Our impressions were corroborated as introduced in the following set of tests. The only remaining problem is the problem of heteroskedasticity.

```{r}
# normality tests
residuals <- residuals(model2)
jb_test <- jarque.bera.test(residuals)
jb_test
# outlier test (see p-value for Bonferroni correction)
outlier_test <- outlierTest(model2)
outlier_test[3]
# heteroskedasticity tests
bp_test <- bptest(model2)
bp_test
# Ramsey Reset test
reset_test <- resettest(model2,power=2, type="fitted") # further modification - see help(resettest)
reset_test
# multicollinearity
vif(model2)
```

Diphteria is not statistically signifficant and is highly correlated with other variables (see VIF). Let us exclude it.

```{r}
model3 <- lm(Life.expectancy ~ . - Income.composition.of.resources - Diphtheria,data=adot.2015)
summary(model3)
```
The only statistically insignifficant variables remained GDP and BMI. All the statistically signifficant coefficients have expected signs, besides Polio.

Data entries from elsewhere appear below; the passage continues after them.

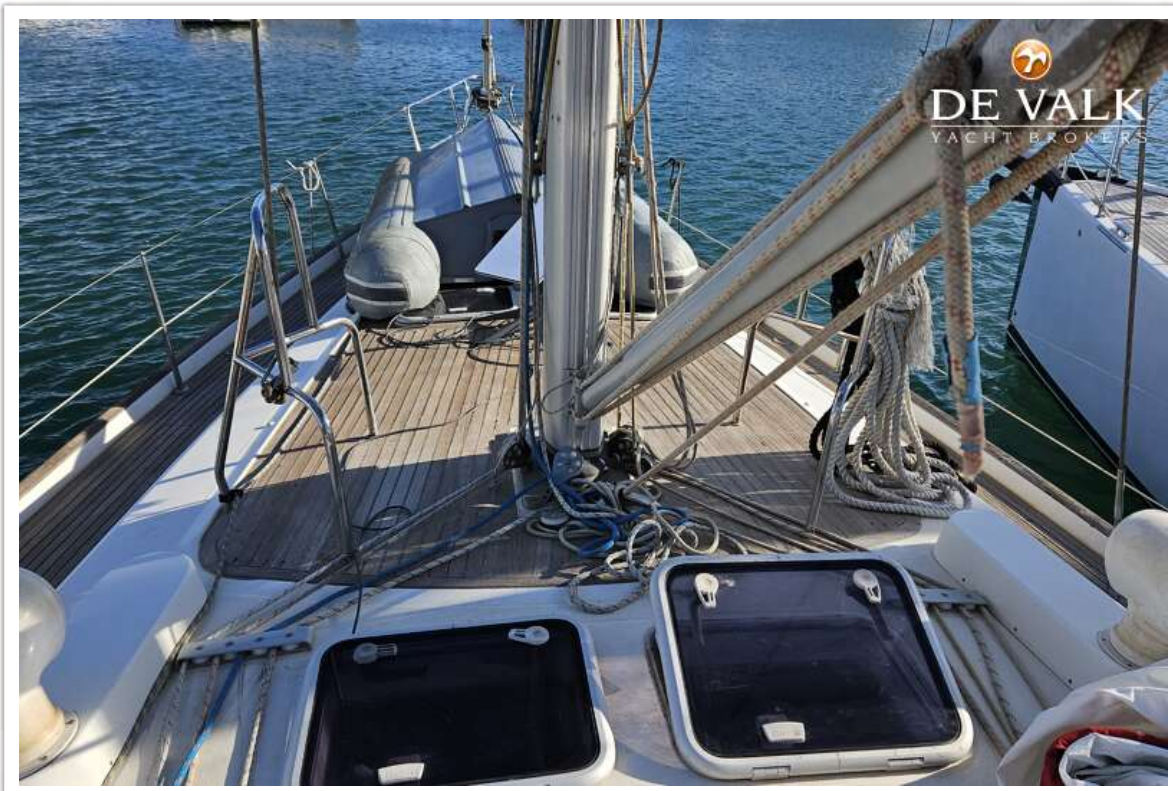

BENETEAU 50 CELEBRATION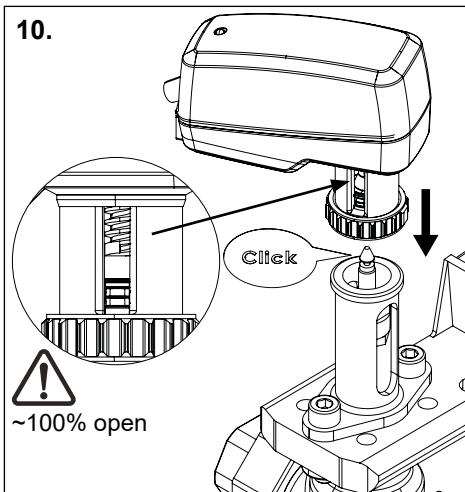

Adapter 322042-80904

IMI TA

TA-Slider 500
CVxxx RGA DN 15-50 / CVxxx GG DN 15-50
+ Stemheater

7.

8.

9.

10.

11.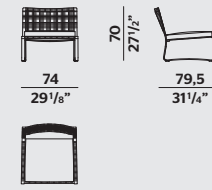

Timeout Collection

PHOENIX VINCENT VAN DUYSSEN

ARMCHAIR
POLTRONA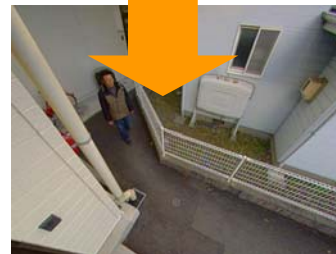

使用方法

【使い方】

- ① トランク内にあるカメラ部を、監視したい場所に設置し、100V電源をつなぎます。
- ② 遠隔地からパソコンで映像確認が可能になります。
- ③ 360° カメラで全周囲をくまなく監視できます。

使用例

こんな要望をかなえます

- ④ 一時的に監視をしたい
- ④ 設置場所を頻繁に替えて監視したい
- ④ 遠隔地から映像を見たい
- ④ 面倒な配線工事はしたくない

- ◆ 工事現場の進捗状況の確認
- ◆ 工事現場の機材の盗難監視
- ◆ イベント会場などの状況把握
- ◆ 農地(農作物・家畜)の状況管理
- ◆ 店舗、病院、教育施設などのマーケティング調査
- ◆ 災害現場など立ち入りに危険がある場所の監視

使用法の提案

- 行政機関がPAVS-360Fを保有し、発注した工事・建設現場への設置を義務付け、進捗を管理する。現場に行かなくても進捗を確認できる。
- 個人住宅の建設請負者が現場に設置して、施主が居住地から進捗状況を確認できるようにする。＝施主へのサービス向上
- JAが農業組合員に貸し出す。収穫前の果樹・作物の盗難監視。

◎ いずれも、使用が終了すれば次の現場へ簡単に移動ができる。

映像例 (天井設置、下向き) パソコンから下記の映像展開が可能

360° の映像を2分割して
180° パノラマ表示

魚眼レンズからの
取込み映像

360° の映像を4分割して
平面展開表示

見たいところへパン・チルト・ズームが可能
カメラのパン・チルト(首振り)を行わなくても、全体を見渡せます。

製品仕様 モデル:PAVS-360F

カメラ部	カメラ	360度カメラ NM33-F内蔵
	最低照度	5ルクス
	ハウジング	本体:φ143mm
		ドーム部:φ95mm
	防水性能	IP67
	支持部	カメラ側: 鋼管 φ27mm、長さ 240mm
		取付側: 鋼管 φ48mm、長さ 300mm
	カメラケーブル	長さ 約4.2m
通信部	サーバー	デジタルIPサーバー DIS-108K使用
	通信機器	I・O DATA DCR-G54/U
電源部	電源	家庭用AC100V対応
	電源ケーブル	(状況に合わせて、ユーザーにてご用意ください)
可搬トランク	寸法	巾 400mm、高 510mm、奥 160mm (突起部を含まず)
	重量	12Kg
対応PC	OS	Windows XP, Windows VISTA、Windows7、Internet Explorer 対応

To get some imagine about the statistical properties of the model as a whole, let us look at the following figures. All the graphical analysis are rather optimistic if speaking about the statistical quality of the model. 

```{r}
plot(model3)
```

```{r}
# normality tests
residuals <- residuals(model3)
jb_test <- jarque.bera.test(residuals)
jb_test
# outlier test (see p-value for Bonferroni correction)
outlier_test <- outlierTest(model3)
outlier_test[3]
# heteroskedasticity tests
bp_test <- bptest(model3)
bp_test
# Ramsey Reset test
reset_test <- resettest(model3,power=2, type="fitted") # further modification - see help(resettest)
reset_test
# multicollinearity
vif(model3)
```


If putting out GDP variable, the results worsened. that is, why the model3 is considered as the best one and we are going to solve the heteroskedasticity problem by the introduction of the t-tests using the White heteroskedasticity consistent matrix as follows

```{r}
# Load libraries
library("lmtest")
library("sandwich")

# Robust t test
coeftest(model3, vcov = vcovHC(model3, type = "HC0"))
```

##Conclusion##

Variables *Adult.mortality*, *thinness* and *HIV.AIDS* shorten the expected length of life. On the other side,  *Polio* and *Hepatitis.B* seem to extend the length of life, what is the fact, we can not interpret. Probably the prevent has some long term impacts, or some vaccination treatment coming after the period of higher amount of these diseases was helping?
*Schooling*, *percentage.expenditure* and *GDP* are the economic factors significantly improving the expected length of life.